_The task_: The answer must be every line from the entries below that contains "TRAFFIC".

[Collection entries]
--- START ---

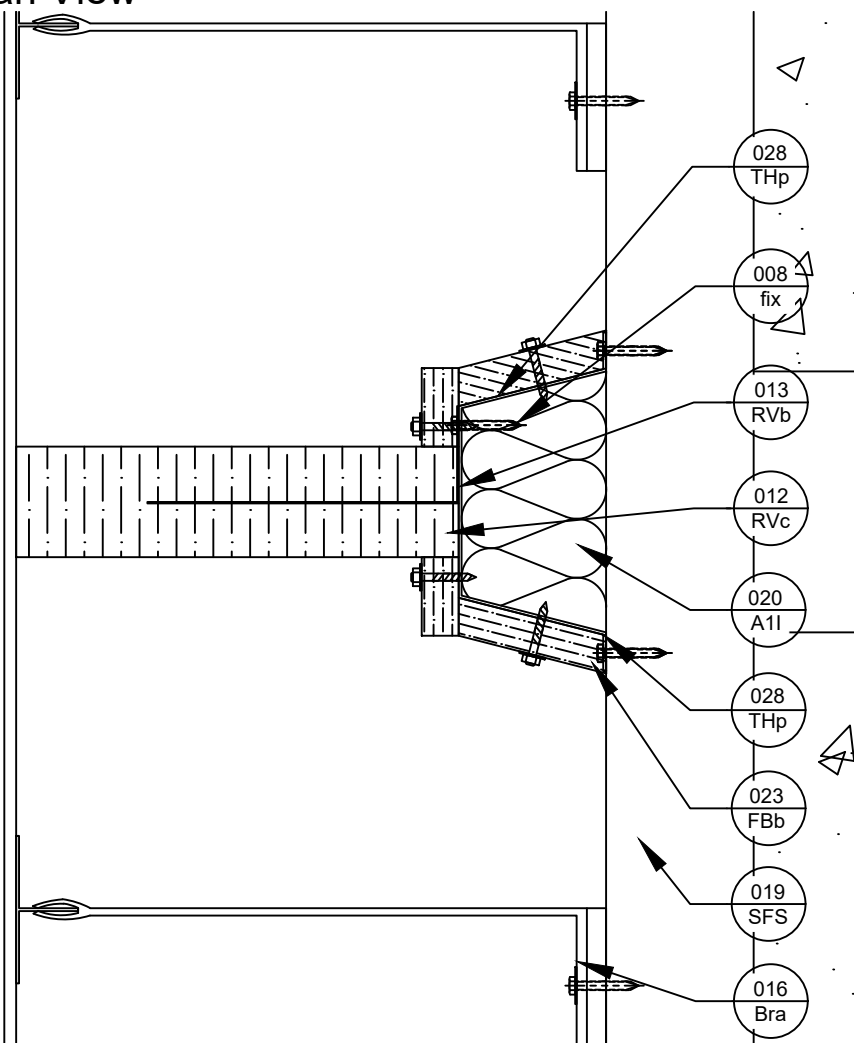

Side View

Plan View

Revisions			
Rev.	Date	By	Description
A	28-08-24	BJC	First Issue

Title
RV Vertical Barrier in a large cavity rivet fit system
Siderise Standard Detail

Sheet
1/1

SSD2011
Date released
28/08/2024
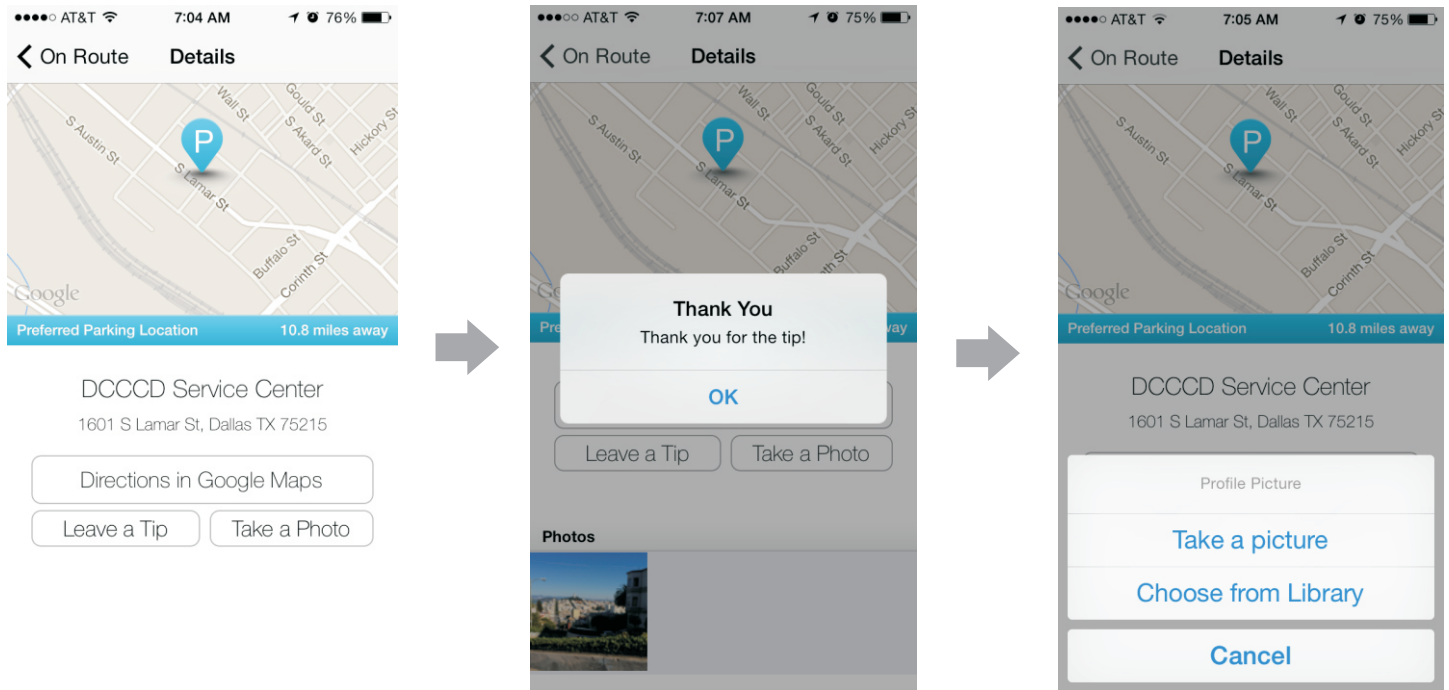

JUXT App Screen Flows

Splash Screen

Landing Screen

ADD Charging/ Parking Locations

Select Location.
Confirm

Add Charging/ Parking

Landing Screen

JUXT App Screen Flows

SEARCH Charging/ Parking Locations: around destination, REAL TIME!

SEARCH Charging/ Parking Locations: on the route, REAL TIME!

JUXT App Screen Flows

Strengthen the Network: Add photos and tips

REAL TIME, Voice Enabled parking notifications!
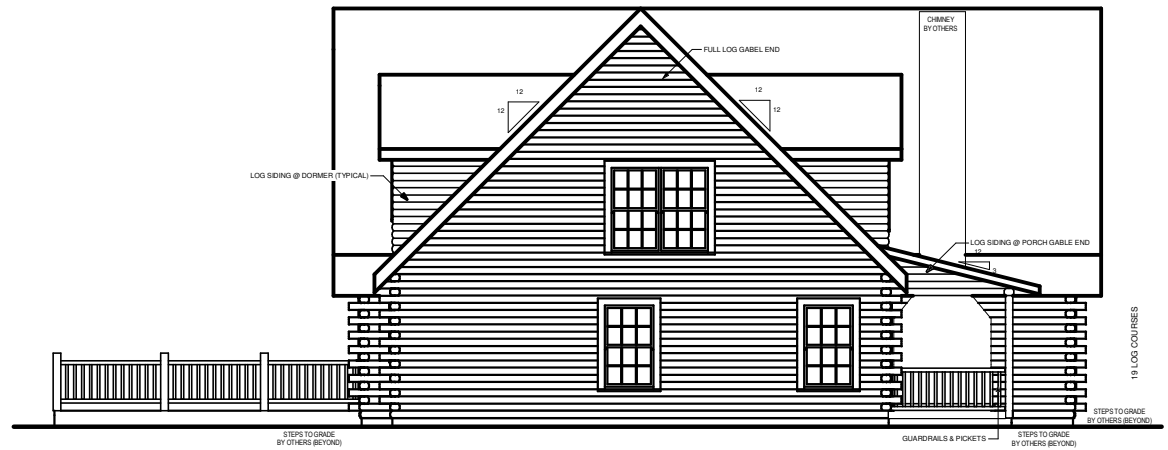

SOUTHLAND **LOG HOMES**

America's Favorite Log Home™

CLINTON

FRONT ELEVATION

RIGHT ELEVATION

SQUARE FOOTAGE	
HEATED AREAS:	
FIRST FLOOR.....	2240 Sq. Ft.
SECOND FLOOR.....	1282 Sq. Ft.
TOTAL HEATED.....	3522 Sq. Ft.
UNHEATED AREAS:	
PORCH(ES).....	256 Sq. Ft.
STORAGE.....	195 Sq. Ft.
TOTAL UNHEATED.....	451 Sq. Ft.
TOTAL UNDER ROOF.....	3973 Sq. Ft.

REAR ELEVATION

LEFT ELEVATION

SQUARE FOOTAGE	
HEATED AREAS:	
FIRST FLOOR.....	2240 Sq. Ft.
SECOND FLOOR.....	1282 Sq. Ft.
TOTAL HEATED.....	3522 Sq. Ft.
UNHEATED AREAS:	
PORCH(ES).....	256 Sq. Ft.
STORAGE.....	195 Sq. Ft.
TOTAL UNHEATED.....	451 Sq. Ft.
TOTAL UNDER ROOF.....	3973 Sq. Ft.

FIRST FLOOR PLAN

SQUARE FOOTAGE	
HEATED AREAS:	
FIRST FLOOR.....	2240 Sq. Ft.
SECOND FLOOR.....	1282 Sq. Ft.
TOTAL HEATED.....	3522 Sq. Ft.
UNHEATED AREAS:	
PORCH(ES).....	256 Sq. Ft.
STORAGE.....	195 Sq. Ft.
TOTAL UNHEATED.....	451 Sq. Ft.
TOTAL UNDER ROOF.....	3973 Sq. Ft.
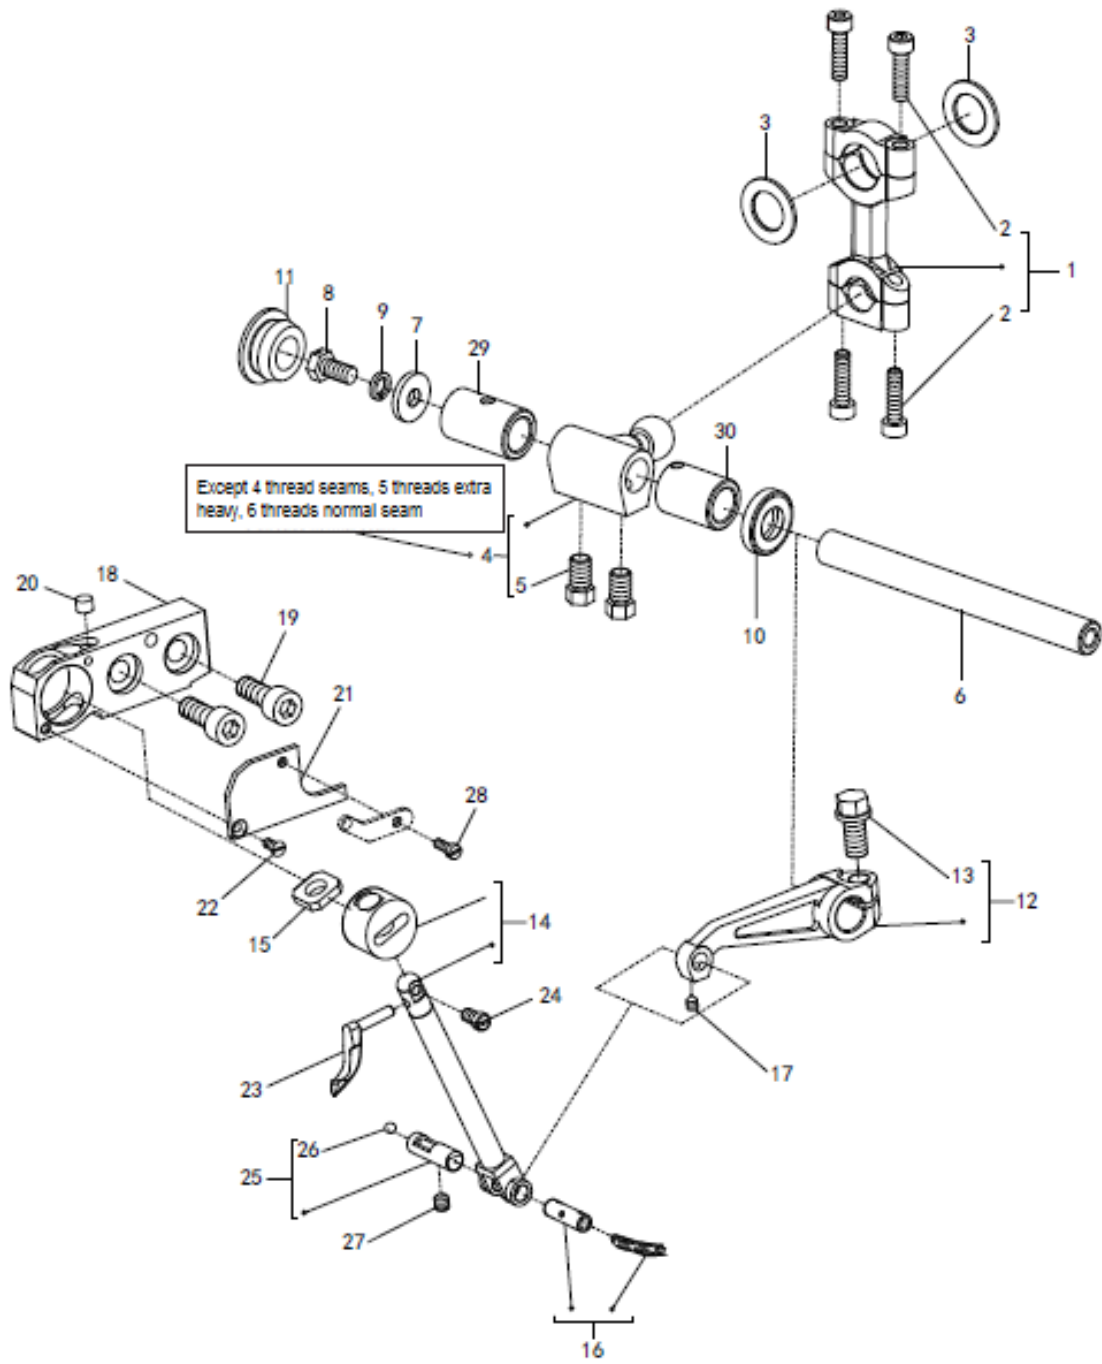

* SEE GAUGE PARTS LIST

6. NEEDLE DRIVE MECHANISM (2)

6. NEEDLE DRIVE MECHANISM (2)

No.	Parts No.	Description	Qty
1	10009297	BRACKET	1
	10042973	BRACKET	1
2	10009104	SCREW	2
3	*	NEEDLE PLATE	1
4	10009481	SCREW	2
5	10033749	NEEDLE PLATE SUPPORT	1
	10045865	NEEDLE PLATE SUPPORT	1
6	10010595	SCREW	2
7	10033748	KEY	1
8	10009589	SCREW	2
9	*	NEEDLE REAR GUARD	1
10	10006624	SCREW	1
11	10009464	SPRING WASHER	1
12	*	NEEDLE FRONT GUARD	1
13	10009589	SCREW	1
14	10009314	BRACKET	1
15	10009487	SCREW	2
16	10009582	CUSHION RUBBER	1
17	10034625	BRACKET	1
	10045866	BRACKET	1
18	10010595	SCREW	1
19	10034627	BRACKET	1
	10042977	BRACKET	1
20	10009104	SCREW	2
21	*	NEEDLE PLATE	1
22	10009678	SCREW	2
23	*	NEEDLE GUARD	1
24	10006624	SCREW	1
25	10009464	SPRING WASHER	1
26	*	NEEDLE FRONT GUARD	1
27	10010555	SCREW	2
28	*	NEEDLE REAR GUARD	1
29	10009676	SCREW	2
30	*	NEEDLE FRONT GUARD	1
31	10010555	SCREW	1
32	10042962	BRACKET	1
33	10010595	SCREW	2
34	10033741	THREAD GUIDE	1

* SEE GAUGE PARTS LIST

7. UPPER LOOPER DRIVE MECHANISM

7. UPPER LOOPER DRIVE MECHANISM

No.	Parts No.	Description	Qty
1	10027700	ROD	1
2	10009103	BOLT	4
3	10034399	GUIDE	2
4	10002662	CRANK	1
5	10009163	SCREW	2
6	10030608	SHAFT	1
7	10034711	WASHER	1
8	10009349	SCREW	1
9	10005537	SPRING WASHER	1
10	10009399	OIL SEAL	1
11	10009381	PLUG	1
12	10009372	LEVER	1
13	10009245	SCREW	1
14	10033776	UPPER LOOPER HOLDER	1
15	10009405	FELT	1
16	20001060	PIN ASM	1
17	10009240	SCREW	1
18	10002906	UPPER LOOPER HOLDER	1
19	10009008	BOLT	2
20	10009397	FILTER	1
21	10009378	COVER	1
22	10009379	SCREW	1
23	*	UPPER LOOPER	1
24	10009352	SCREW	1
25	10012322	PIN	1
26	10009826	PLUG	1
27	10009074	SCREW	1
28	10009353	SCREW	1
29	10033786	SHAFT SLEEVE	1
30	10033787	SHAFT SLEEVE	1
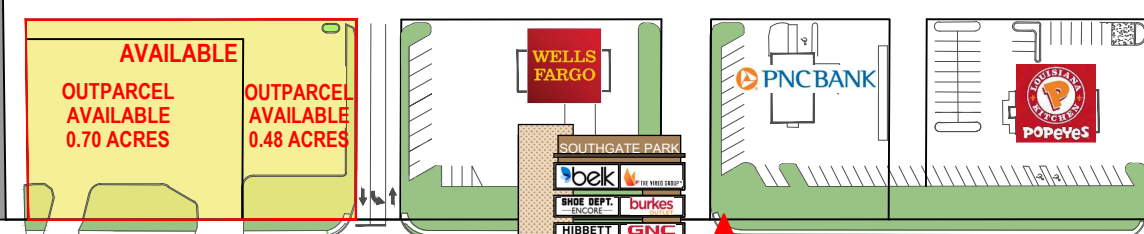

PYLON SIGN
TO BE RECONFIGURED

INTERSECTION WITH TRAFFIC LIGHT
AND 4 WAY PROTECTED LEFT TURNS
20,000 VPD

TRAFFIC LIGHT
26,000 VPD

HALSTEAD
BOULEVARD

W. EHRLINGHAUS STREET

Southgate Park

- Solid 50 year sales history and loyal regional customer base
- 2 bank branches with highest area deposits and transactions
- Access from two highest vehicle count road arteries
- Northeast Academy is a highly selective charter school drawing 650 students regionally from seven counties

Demographics

	5 mile	15 mile
Population	30,897	63,390
Median Household Income	\$44,361	\$50,248

Contact: **Todd Wilson**
todd@thevireogroup.com
706-830-6654

Southgate Park
1409 W. Ehringhaus Street Elizabeth City, North Carolina
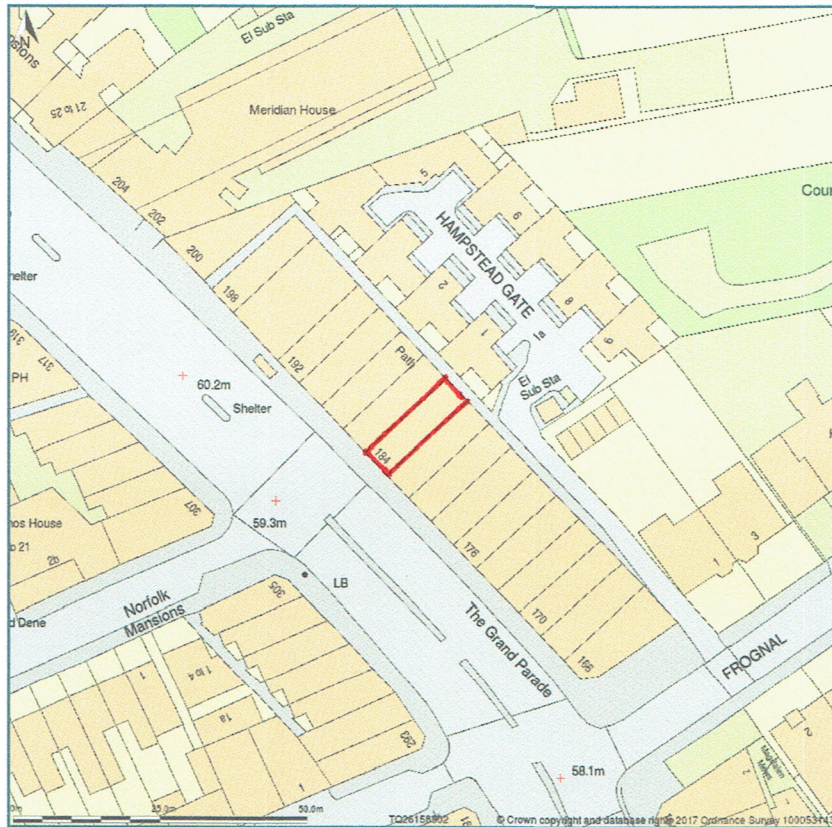

CH-209 SITE LOCATION PLAN

184 Finchley Road London Camden NW3 6BP

Site Plan shows area bounded by: 526083.21, 184955.39 526224.63, 185096.81 (at a scale of 1:1250), OSGridRef: TQ26158502. The representation of a road, track or path is no evidence of a right of way. The representation of features as lines is no evidence of a property boundary.

Produced on 10th Oct 2017 from the Ordnance Survey National Geographic Database and incorporating surveyed revision available at this date. Reproduction in whole or part is prohibited without the prior permission of Ordnance Survey. © Crown copyright 2017. Supplied by www.buyaplan.co.uk a licensed Ordnance Survey partner (100053143). Unique plan reference: #00265160-371BD0
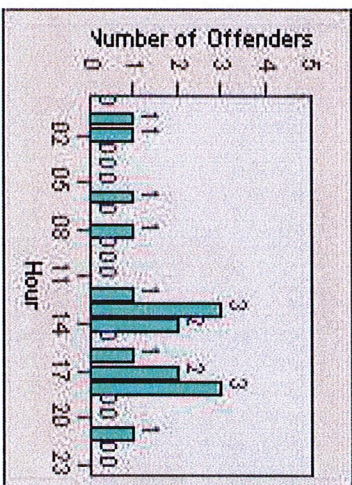

# Redflex Redlight Offender Statistics

CONTRACT: San Rafael

LOCATION: SRA-IR3-01 Irwin St/Third St

DATE FROM: 01-Jul-2013

DATE TO: 30-Sep-2013

LANE 4

LANE TOTAL

# Redflex Redlight Offender Statistics

**CONTRACT:** San Rafael      **LOCATION:** SRA-IR3-01 Irwin St/Third St  
**DATE FROM:** 01-Jul-2013      **DATE TO:** 30-Sep-2013
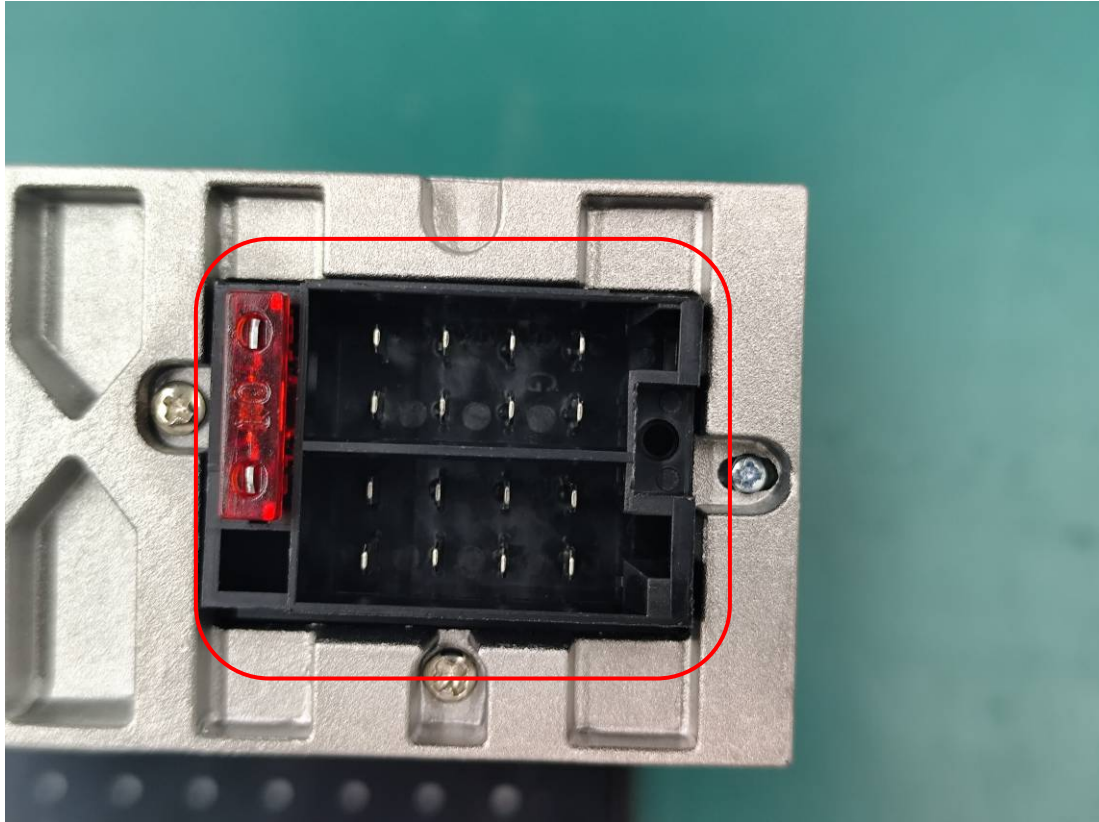

EUT EXTERNAL PHOTOS

Model: A3642

A3642

AUX Input Interface

TF Card Interface

USB Interface

CAN Interface

Model: A3221

A3221

CAN Interface

Model: A3354

A3354

CAN Interface

Model: A3355

A3355

CAN Interface

Model: A3396

A3396

CAN Interface

AUX Input Interface

TF Card Interface

USB Interface

Model: A3417

A3417

--- END ---

_Result_:
INTERSECTION WITH TRAFFIC LIGHT
TRAFFIC LIGHT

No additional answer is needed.